Today Soucy’s red-cross brassard is on display at the Museum of the Pacific War in Fredericksburg, Texas, as a tangible reminder of that day. He has made it his mission to keep the memory of his ship alive and to dispel myths—notably, the oft-repeated assertion that the Utah came in for heavy pounding from the Japanese because she looked like an aircraft carrier. Soucy, who must have had a collateral duty as a comedian, says of the ship, “It didn’t look any more like a carrier than I look like Marilyn Monroe—even if I were naked and wearing sunglasses.” Or perhaps especially if he were naked and wearing sunglasses.
As part of his self-appointed mission, Soucy wrote an article for a 1994 issue of American Legion magazine. One of the many who read it was Cal De Knikker, a former sailor who lives in Woodland, California. He was intrigued by Soucy’s words since he had known nothing about the Utah. He determined not only to learn more but also to honor the “other” ship and her crewmen. In 1995 he won an American flag in an Elks’ Lodge raffle and arranged for it to be flown over the hulk of the Utah on 4 July. The flag was then folded away until a ceremony on 7 December that year in California.

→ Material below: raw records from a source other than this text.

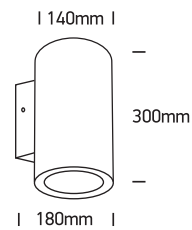

INSTALLATION MANUAL

67138L

ecolight

80
CRI

230V | COB LED | 2x20W | IP65 | Die cast
AC LED.

one
LIGHT

Warnings:

1. Make sure that the product is installed properly before connecting to electricity.
2. Do not cover the fitting.
3. Maintenance and installation should only be carried out by a professional electrician.

More than 500 people, including 14 former crew members of the old target ship, attended the ceremony. Navy and Marine Corps recruiters presented the flag to the Utah veterans.
Because Cal De Knikker was a boiler technician during his service in the destroyer Richard S. Edwards (DD-950) in the mid-1970s, he especially identified with Chief Water Tender Peter Tomich. Tomich lost his life in 1941 when he went down to a fireroom to secure the Utah’s boilers and prevent them from exploding. He also made sure his shipmates evacuated the space, though he was not able to escape himself. The Navy awarded him a posthumous Medal of Honor and named a World War II ship for him, the destroyer escort Tomich (DE-242).

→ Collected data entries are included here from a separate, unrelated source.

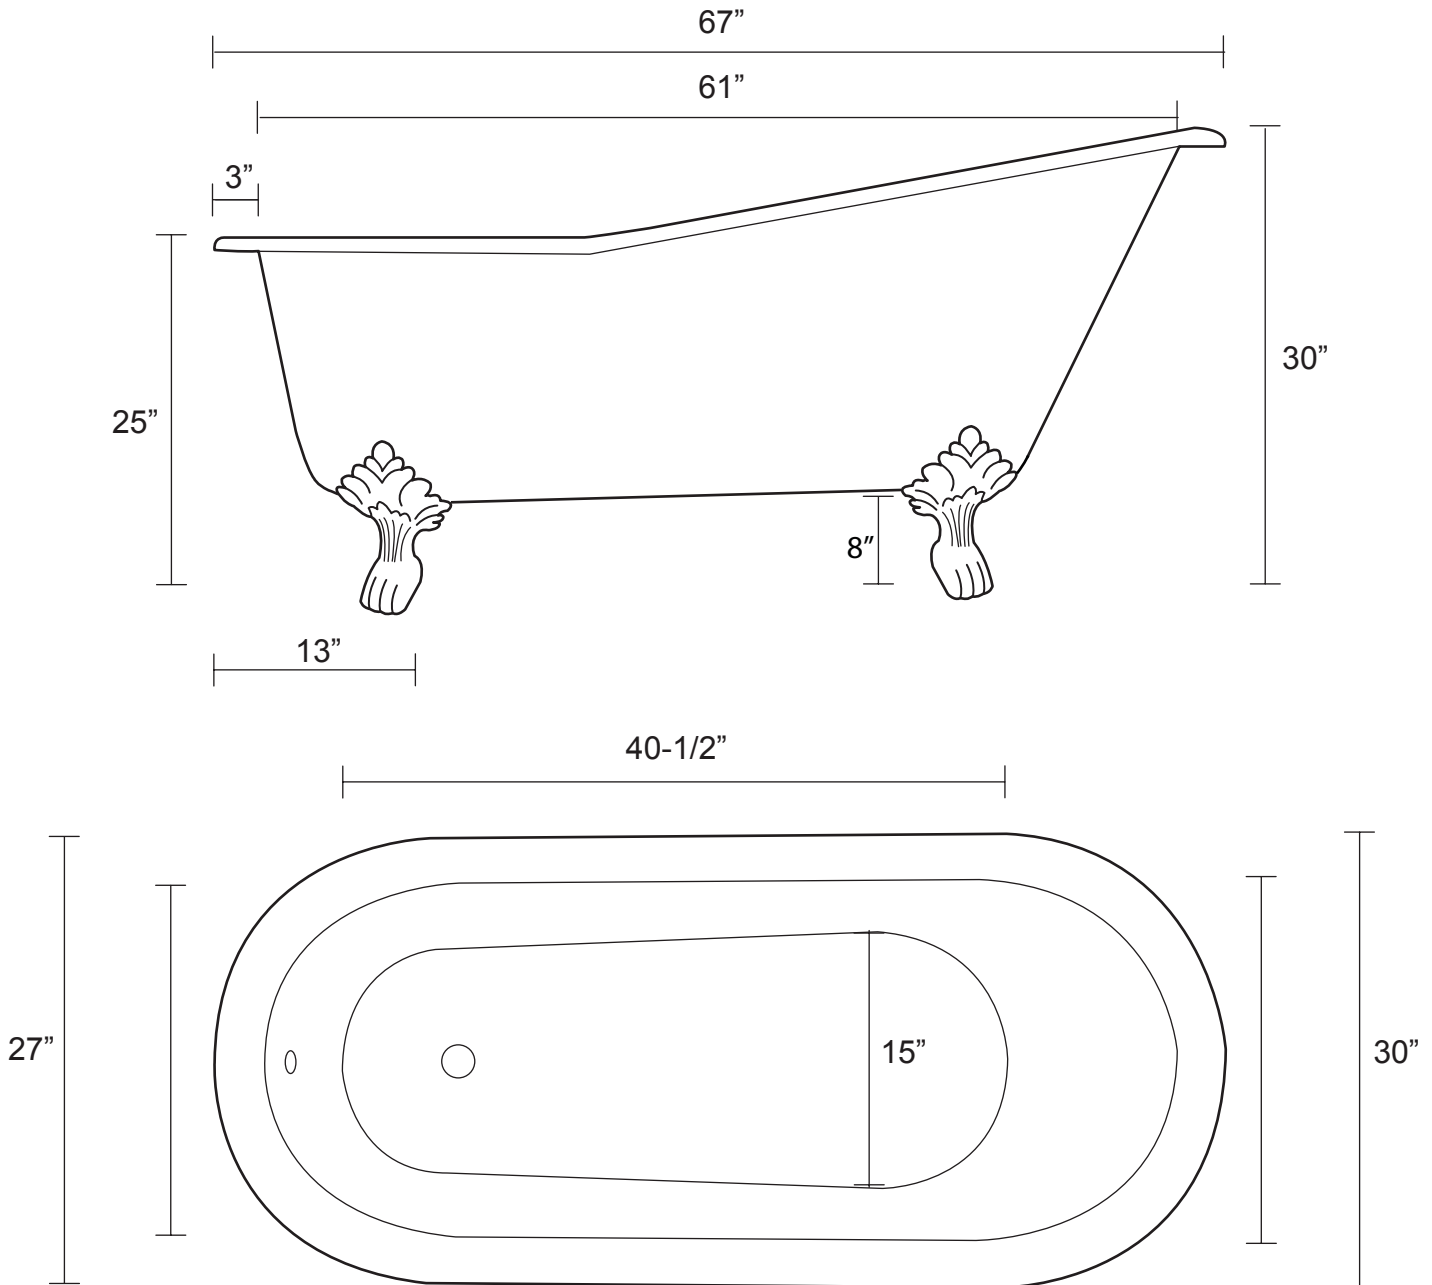

67" Broadway Acrylic Slipper on Lion Paw Feet

Tub Dimensions: 67" L x 30" W x 25-30" H

Tub Water Capacity: 57 Gallons

Tub Weight Uncrated: 120 lbs. Tub Weight Crated: 300 lbs.

Tub is 17" deep at drain.

Overflow hole diameter is 1-1/2".

Water depth to overflow is 15-1/2" H.

All measurements are approximate. Measurements may vary +/- 1/2".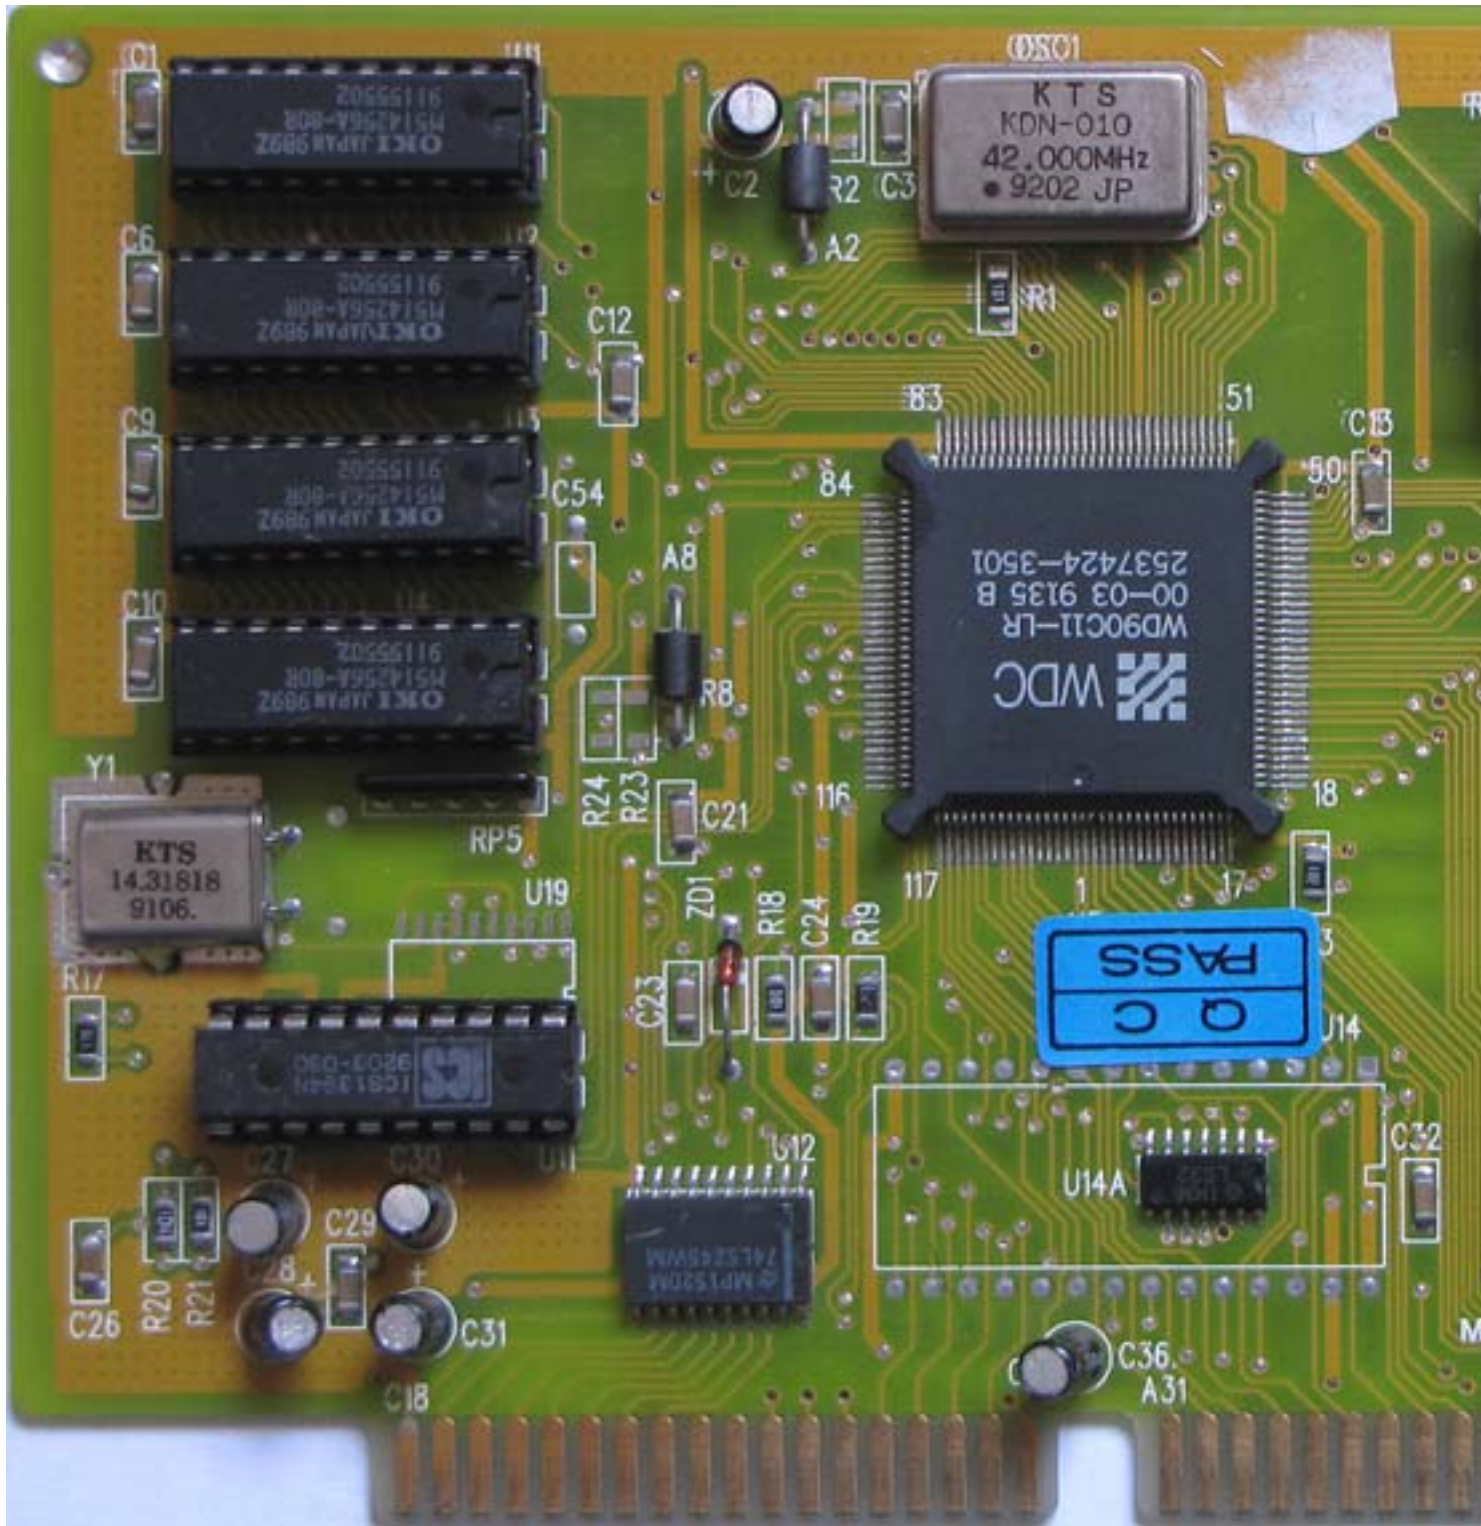

Western Digital WD90C11-LR

Written by Vlask

Thursday, 22 July 2010 10:18 - Last Updated Wednesday, 07 August 2013 18:33

Core: WD90C11-LR 65MHz 16bit

Memory: 512kB 42MHz 16bit

Year: 1990 **Bus:** ISA 16bit

Made: 1.25 μm **Links:** [Datasheet](#)

Bios: [WD](#)

{webgallery}

Western Digital WD90C11-LR

Written by Vlask

Thursday, 22 July 2010 10:18 - Last Updated Wednesday, 07 August 2013 18:33

Western Digital WD90C11-LR

Written by Vlask

Thursday, 22 July 2010 10:18 - Last Updated Wednesday, 07 August 2013 18:33

In the spring of 2001 De Knikker received a call from a former neighbor, Dick Miller, who said he had something that might be of interest. When they met, De Knikker discovered that the item was a set of metal letters, U-T-A-H, mounted on a piece of wood. They had probably once been affixed to a ship’s boat or displayed on board ship. They had been salvaged on 8 December 1941 and had since been in Miller’s family. De Knikker pledged to do the right thing with them. When he went to Hawaii for the 60th anniversary later in 2001, he took along a photo of the letters and showed it to Daniel Martinez, historian for the Arizona Memorial. Martinez confirmed their authenticity and said the National Park Service would like to get the letters.
In December 2004, De Knikker gathered his family for a pilgrimage to Pearl Harbor. On the afternoon of 6 December, Calvin, wife Christine, and sons Christian and Jordan were on board the memorial. There they presented the mounted letters to Jim Taylor, who coordinates interments of veterans’ ashes for former crewmen of both the Utah and Arizona. Taylor then presented the mounted letters to the National Park Service.

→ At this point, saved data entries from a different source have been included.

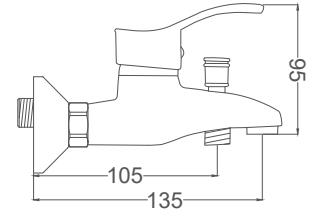

WARRANTY 2 YEARS

Bathroom Faucet

Banyo Bataryası
Batterie Salle de Bain
خلاط حمام

Code / Kod: **AKD103**

Pieces in Cartoon / Koli: 12 Pcs

- 40mm Ceramic Cartridge
- Single Brass Body

Swan Neck Kitchen Faucet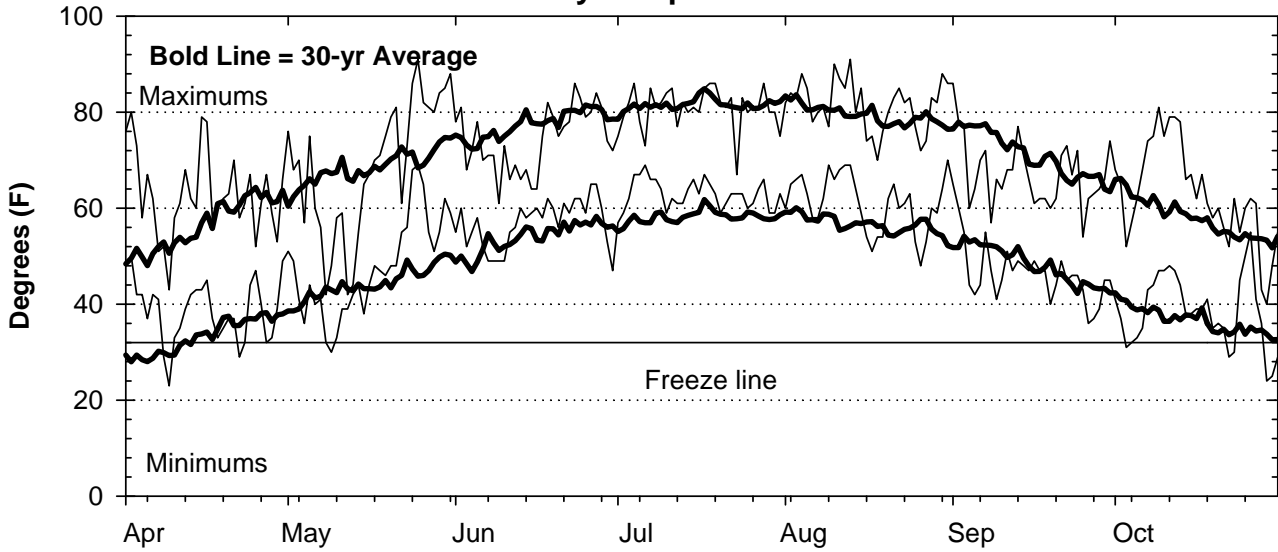

Daily Temperatures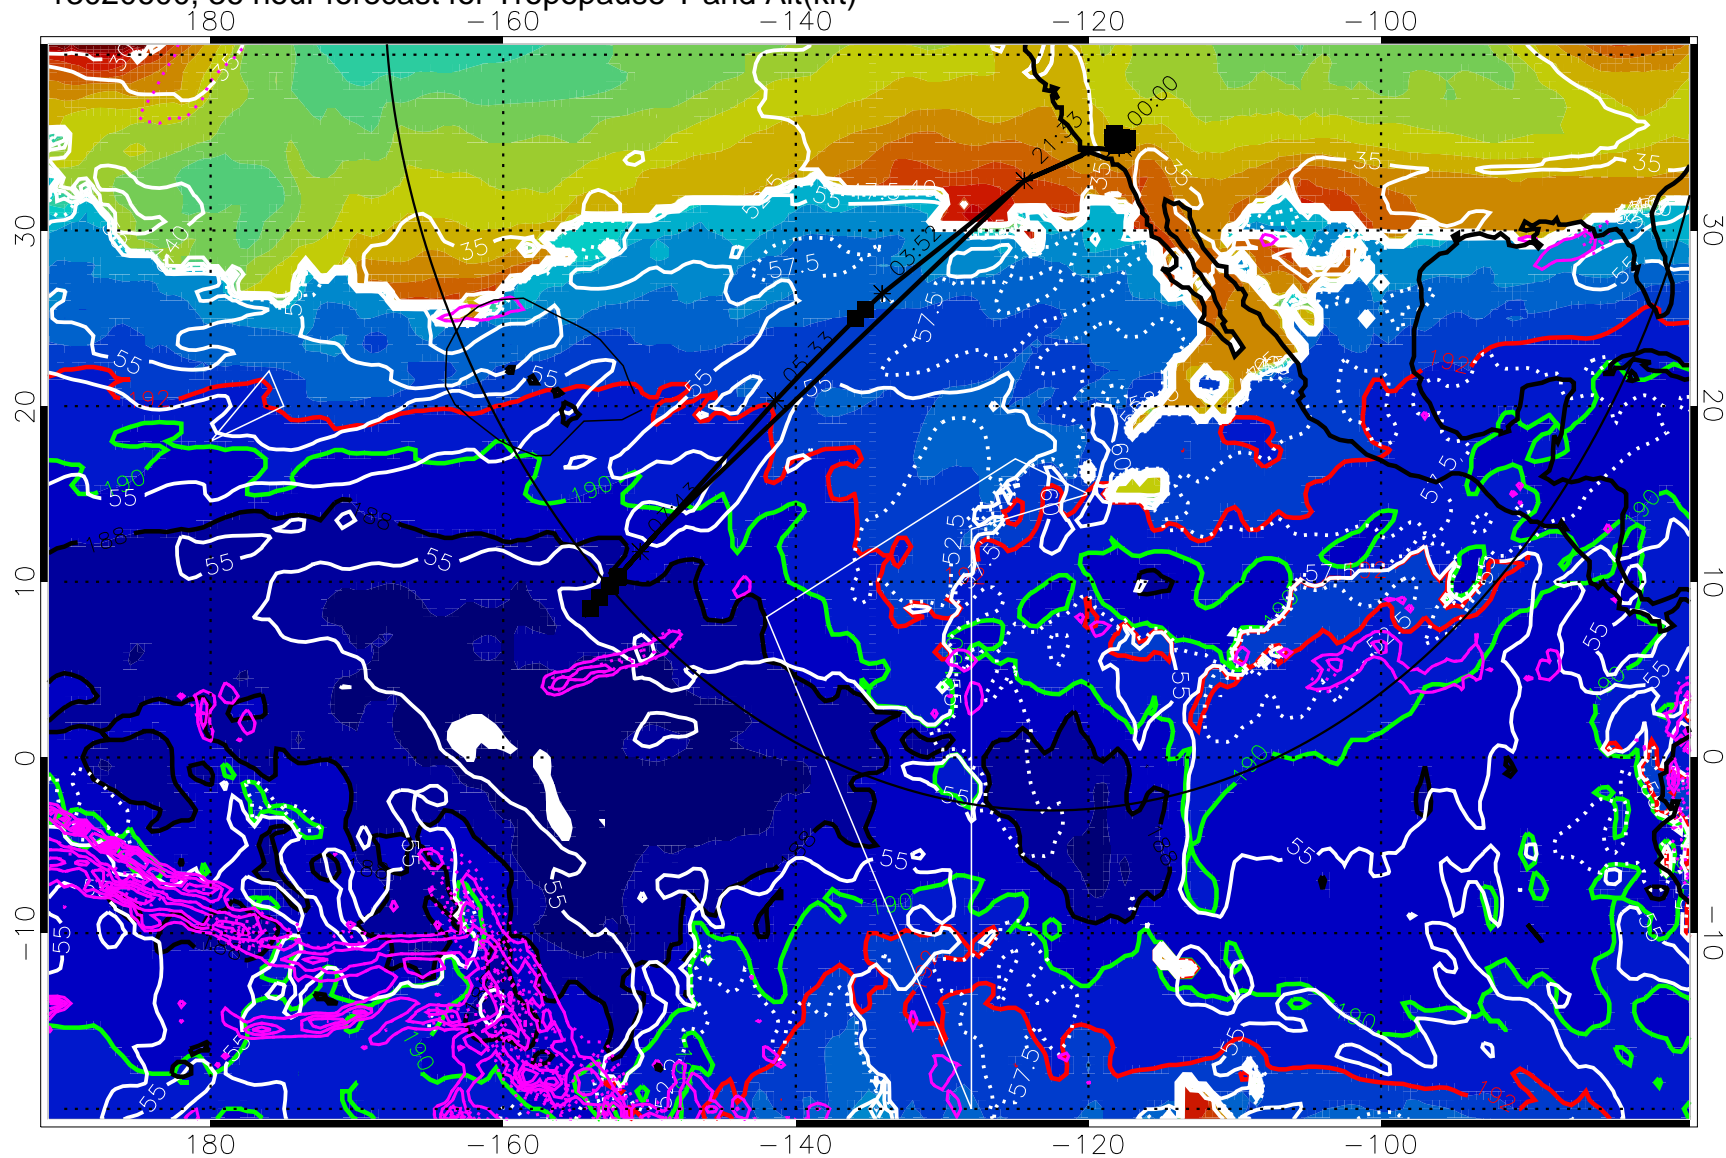

13020600, 36 hour forecast for Tropopause T and Alt(kft)

190   200   210   220   230

Tropopause T, K

Tropopause Altitude in kft (white)

Precip (tot dot, conv sol) past 6 hrs 6 kg/m² contours, min 4

187.5K Isotherm (black) 190K Isotherm (green) 192.5K Isotherm (red)

→ 30 m/s

Range ring of 4055 km -- 13 hours GH round trip

The other part of the ceremony brought aboard the remains of Thomas C. Molay, who had been a photographer’s mate second class in December 1941. He had visited the memorial two years earlier and, as his widow Dottie later explained to a reporter for The Honolulu Star-Bulletin, “It was then he said he wanted to go back there when he died.” After Molay’s passing in February 2004, she saw to it that his wishes would be honored. She and the De Knikkers were there in December when divers took his ashes down inside the old ship—together, once again, with former shipmates.
Ten years after Lee Soucy’s article about the Utah, Cal De Knikker and Dot- tie Molay have answered the question raised by the article’s title: “Who Will Remember It When We Are Gone?”